Wanted Golf hosted a four-man scramble golf tournament fundraiser Saturday at Oak Hills Golf Center. Participation was $400 per team, and 30 teams competed.

Currently, Wanted Golf only has access to one golf course. The goal is to raise money for access to new golf courses, higher level tournaments, better equipment and apparel, better health and fitness consultants, and less financial pressure on parents, Levi said.

Another goal is to get more sponsors and scholarship opportunities for children whose families can’t afford the program.

Levi said he wants to thank the Carroll family and all of Wanted Golf’s sponsors, especially their first and main sponsor, Arris’ Pizza.

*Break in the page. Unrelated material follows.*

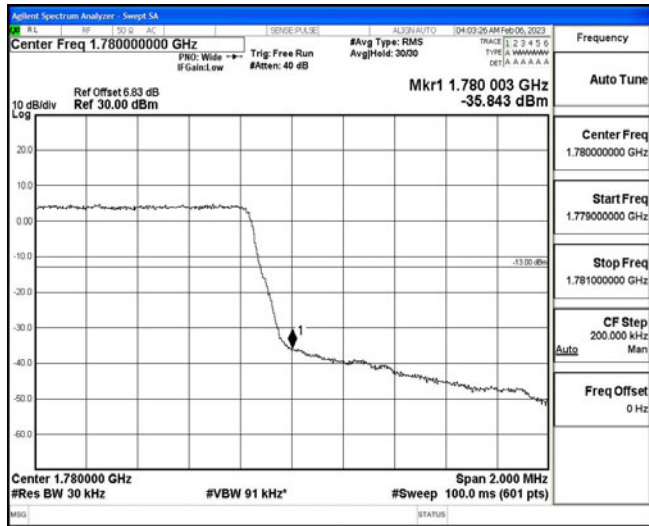

Band66-1.4MHz-QPSK-132665-6RB#0

“They were the first sponsor that came up to us back in January before we even had anything to show,” he said. “They literally just heard me out about what I was trying to do for kids. I do think that deserves some great recognition.”

Wanted Golf is for children younger than 18, and it currently includes 25 golfers. There is a group for experienced golfers who compete in tournaments and a developmental group for beginners.

Levi said he believes the family aspect is important, so family members can watch practices and tournaments. Even if the parent isn’t a golfer, Levi said, it is important for them to be a part of it so they can be included in that part of their child’s life.

“The beauty of golf is you get to do it with friends and family,” he said.

Ayden Howard, 13, began competing in golf tournaments about two years ago after his dad, Blake Howard, introduced him to the sport.

“I was looking for a coach for him, and we heard about the program, so we signed up,” Blake said. “It’s made a huge difference in his game; he’s much more consistent now.”

Blake said while it can be stressful watching Ayden compete, it’s worth it to see his son excel.

“When they’re playing great, boy is it fun to watch the kids play in these tournaments,” he said. “It’s so impressive, because they are really good for their age. It’s very fun to watch.”